Энтони пожал плечами:

— Поговорю с ней, наверное. Да, для начала поговорю. Только не сразу. Видишь ли, сегодня я собираюсь поехать в Чертей.

Маркиз взглянул на него с удивлением:

— Но почему в Чертей? Не понимаю, зачем тебе ехать к себе в поместье.

— Знаю, что не понимаешь. И я бы предпочел, чтобы и в дальнейшем не понимал. — Энтони принялся обуваться. — Чем меньше ты будешь знать, тем лучше. По крайней мере — пока.

— А что я должен делать, если она все–таки вернется с отцом, чтобы предъявлять свои требования?

— Не беспокойся, не вернется. — Энтони был в этом абсолютно уверен, хотя и не знал, откуда у него появилась такая уверенность.

— И все же… — Стоунвилл стащил с кровати простыню, затем скомкал ее и, подойдя к камину, бросил в огонь.

— Какого черта?.. — проворчал Энтони.

— Нет смысла оставлять доказательства, приятель.

Энтони пристально посмотрел на него:

— А почему это тебя так волнует?

Стоунвилл криво усмехнулся:

— Ты, возможно, не поверишь, но я действительно твой друг. И я не хочу, чтобы ты кончил так же, как Керквуд.

— Но ведь я могу кончить, как Фоксмур, — заметил Энтони.
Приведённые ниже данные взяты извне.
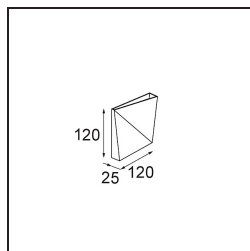

Date
Customer
Project
Type

*Dent Wall Up/Down S 1x LED 3000K DE Black Structure*

Dent es una luminaria de pared con una personalidad muy atractiva. También es un objeto de arte. Su diseño es enigmático, con orientación hacia un lado, y después hacia el otro. Un pliegue diagonal en el centro crea un efecto divertido y dual en su superficie. Experimente con los distintos tamaños de Dent y cree patrones de luz intrigantes y funcionales.

### Specifications

Material	11610132
Tipo de fuente de luz	LED
Tipo de LED	DENT - TCI LED 16x 3030
Tecnología LED	PCB LED
CRI	Min. 90
Temperatura del color	3000K
Vida Útil	L80B20 @50.000 horas
Lámpara Incluida	Sí
Número de fuentes de luz	1
Código de flujo CIE	67 93 99 50 16
Binning (SDCM)	3
Dirección de la luz	Indirecto / Directo
Voltaje de entrada	Driver de corriente constante requerido
Luminaire power (W)	5,2
Clasificación eléctrica	III
Clasificación del IP	20
Clasificación de hilo incandescente (°C)	960
Interio/Exterior	Interior
Aplicación	Pared
Montaje	Superficie
Ajustabilidad	Not Applicable
Distancia al objeto iluminado (m)	0,1
Color principal & Acabado principal	Negro, Estructura
Peso bruto (g)	382,0
Corriente de accionamiento (mA)	350
Min. forward voltage (Vf)	21,6
Max. forward voltage (Vf)	23,2
Connected load (W)	7,8
Flujo luminoso por lámpara (lm)	204
Eficacia (lm/W)	26
Índice de deslumbramiento	10
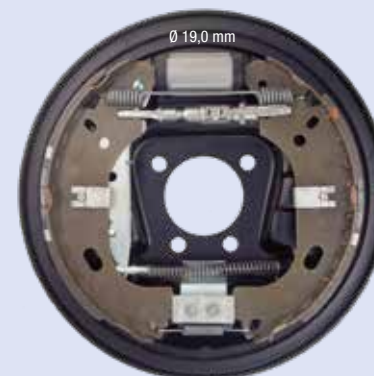

OPEL ASTRA dal 2004

FC230602
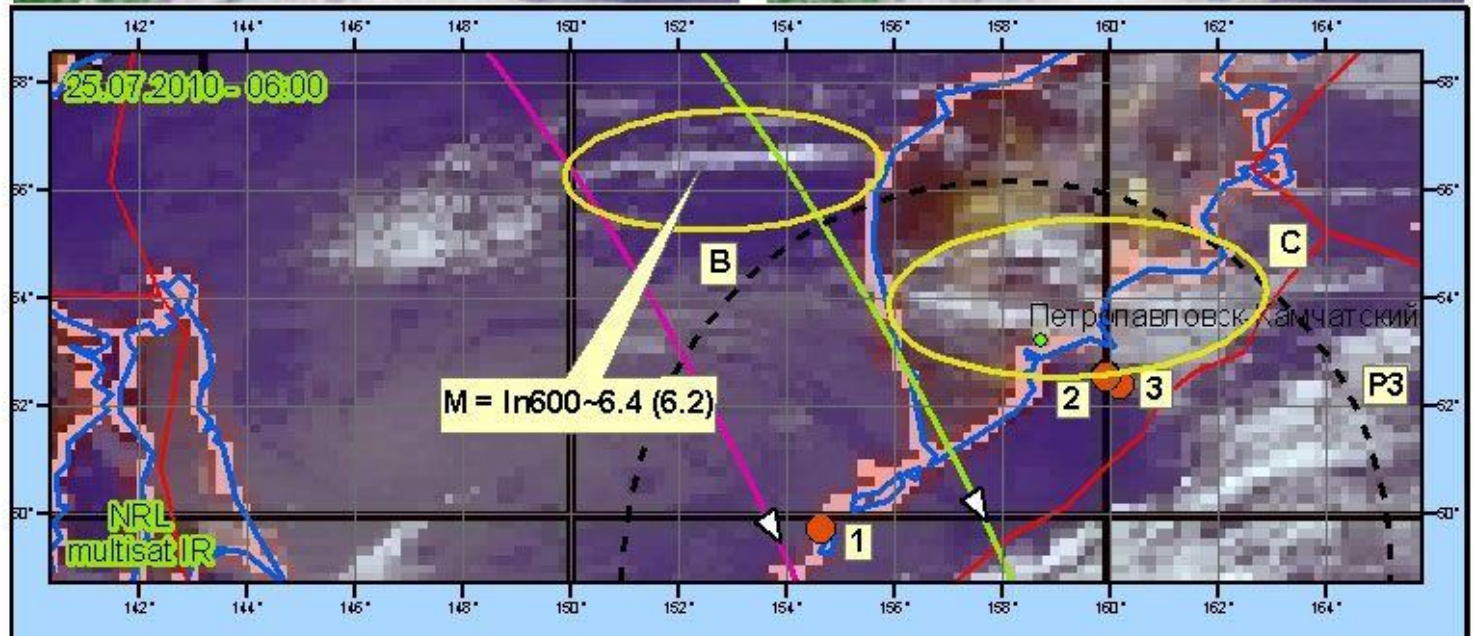

Карта сейсмомагнитной обстановки на Дальнем Востоке 30.07.2010

Магнитные меридианы

— 14.07.2010 - 157 / -23 - 28.7v4.8

— 24.07.2010 - (-13 / 167)

— 28.07.2010 - (-9 / 171)

— Границы литосферных плит

● 1 - 25.7 - 12:58 - (49,7; 154,7) - M5.6 - H130 - сев. Курилы

● 2 - 30.7 - 1:48 - (52,5; 159,9) - M4.5 - H21 - вост. Камчатка

● 3 - 30.7 - 3:56 - (52,5; 159,9) - M6.2 - H21 - вост. Камчатка

○ Облачный сейсмоиндикатор:
(A) - 12.07.2010 - 03:00

○ Потенциальные зоны землетрясения, R = 7°

— Имеешь в виду счастливый брак? Не надейся на это, ничего не получится.

— Спасибо за откровенность, — в раздражении проговорил Энтони и, уже направляясь к двери, добавил: — Ты, наверное, действительно считаешь меня непригодным для брака, но поверь, ты заблуждаешься.

— Норкорт! — крикнул ему вслед маркиз. — Все наемные кареты уехали.

Энтони остановился и, обернувшись, пробормотал:

— Черт возьми, как же теперь?..

— Ты можешь взять мой экипаж, — улыбнулся Стоунвилл.

— Спасибо, — кивнул Энтони. Он знал Стоунвилла много лет, и они считались друзьями, но почему–то он никак не ожидал от него помощи в столь деликатном деле. — Спасибо тебе за все. Не только за экипаж, но и за вечеринку, а также за вмешательство вчера вечером. Знаешь, я вполне допускаю, что кое в чем ты, возможно, прав.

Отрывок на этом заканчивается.